Liquid purification or separation – Filter – Supported – shaped or superimposed formed mediums
Patent
1985-12-06
1988-06-07
Sever, Frank
Liquid purification or separation
Filter
Supported, shaped or superimposed formed mediums
21050025, B01D 1300
Patent
active
047494875
DESCRIPTION:
BRIEF SUMMARY
FIELD OF THE INVENTION
The present invention relates to a semi-permeable membrane having improved transmission properties (i.e. flux) useful inter alia for the industrial desalting of molasses or milk whey by ultrafiltration.
PRIOR ART
Ultrafiltration is used industrially for the recovery of valuable macro-molecular products, such as proteins, fats and viruses, for example in the recovery of protein from cheese whey. Alternatively, ultrafiltration may be used in depollution applications, such as the removal of soluble oil from industrial waste effluents.
Classical filtration is limited to the retention of particles is sizes greater than 1 to 10 microns. Typical biofilters have a pore size of about 0.1 to 1 micron (10,000 angstrom) and can be used in connection with a filter aid (such as titanium oxide or alumina) which block the large pores of the biofilter to form a dynamic membrane. The filter aid simply rests on the surface of the biofilter and is not attached in any way. Without this, the pore size produced is too large for ultrafiltration applications. Membranes for biofiltration have been developed for particles as small as 0.08 microns (800 angstrom). Below these dimensions ultrafiltration membranes retain molecules with diameters as low as 10 angstrom through a molecular sieve mechanism which in many respects is analogous to filtration. Typical ultrafiltration membranes have pore dimensions in the range 10 to 200 angstrom.

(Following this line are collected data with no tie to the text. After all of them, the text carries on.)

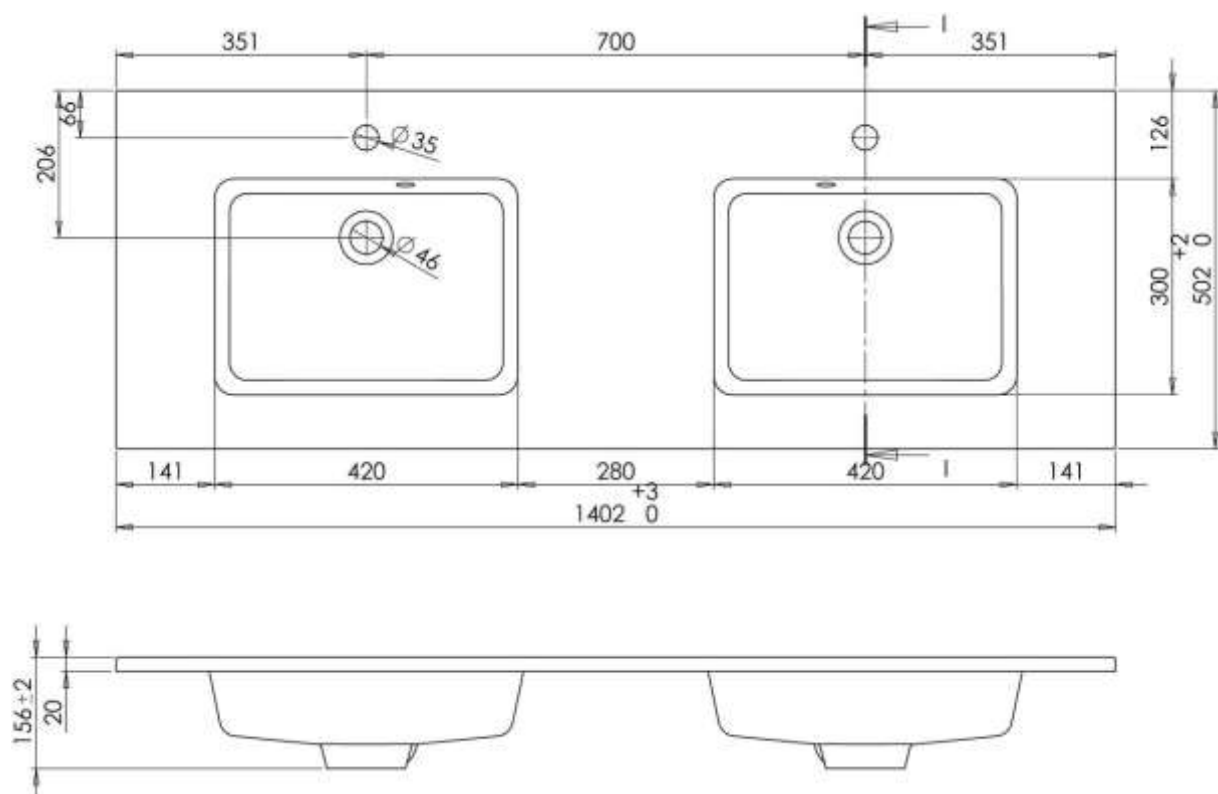

**TAZ – LAVABO / TABLETTE INTEGRÉE - 140X50 - 2 LAVABOS**

**SKU 928368**

PHOTO

PLAN

<b>Type de lavabo</b>	Tablette carrée intégrée
<b>Nombre de cuvettes</b>	Double
<b>Matériel</b>	Marbre artificiel
<b>Couleur</b>	Blanc
<b>Finitions</b>	Brillant
<b>Epaisseur de la tablette</b>	2 cm
<b>Profondeur de la cuvette</b>	11,1 cm
<b>Avec trop-plein intégré</b>	Oui
<b>Avec trou de robinet intégré</b>	Oui
<b>Avec trou de siphon</b>	Oui
<b>Diamètre du trou de robinet</b>	35 mm
<b>Avec bague d'étanchéité</b>	Non
<b>Combinaison</b>	peut être combinée avec tous les sous-meubles Van Marcke
<b>Traitement</b>	Easy clean – anti-calcaire
<b>Poids</b>	30 kg
<b>Garantie</b>	5 ans
<b>Plus</b>	/
<b>Avec set de fixation</b>	Oui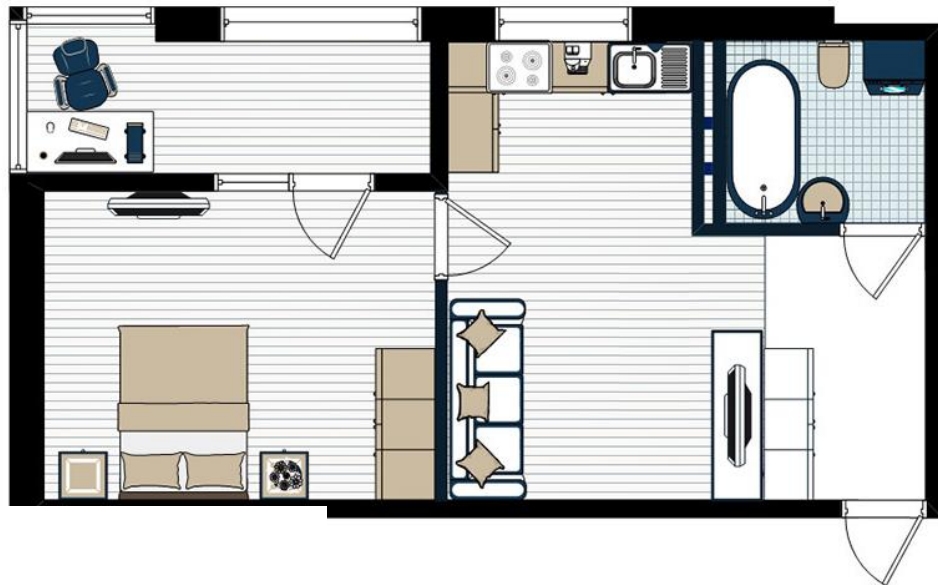

2К

Площадь
квартир

от **43** до **49** м²

Conventional ultrafiltration membranes have generally been formed of polymers, such as polyamides, polycarbonates and polysulphones. Generally, the ultrafiltration membranes will be either in the form of flat sheet or tubular membranes, or in the form of hollow fibres. However, the use of such organic polymeric systems suffers from a number of disadvantages.
Firstly, the polymeric ultrafiltration membranes are chemically sensitive to extremes of pH and tend to be dissolved by a number of solvents. Since the manufacturing techniques generally involve phase inversion using a solution of the polymer, it is difficult to provide polymers which are sufficiently soluble to allow for ease of manufacture but are resistant to commonly encountered industrial solvents.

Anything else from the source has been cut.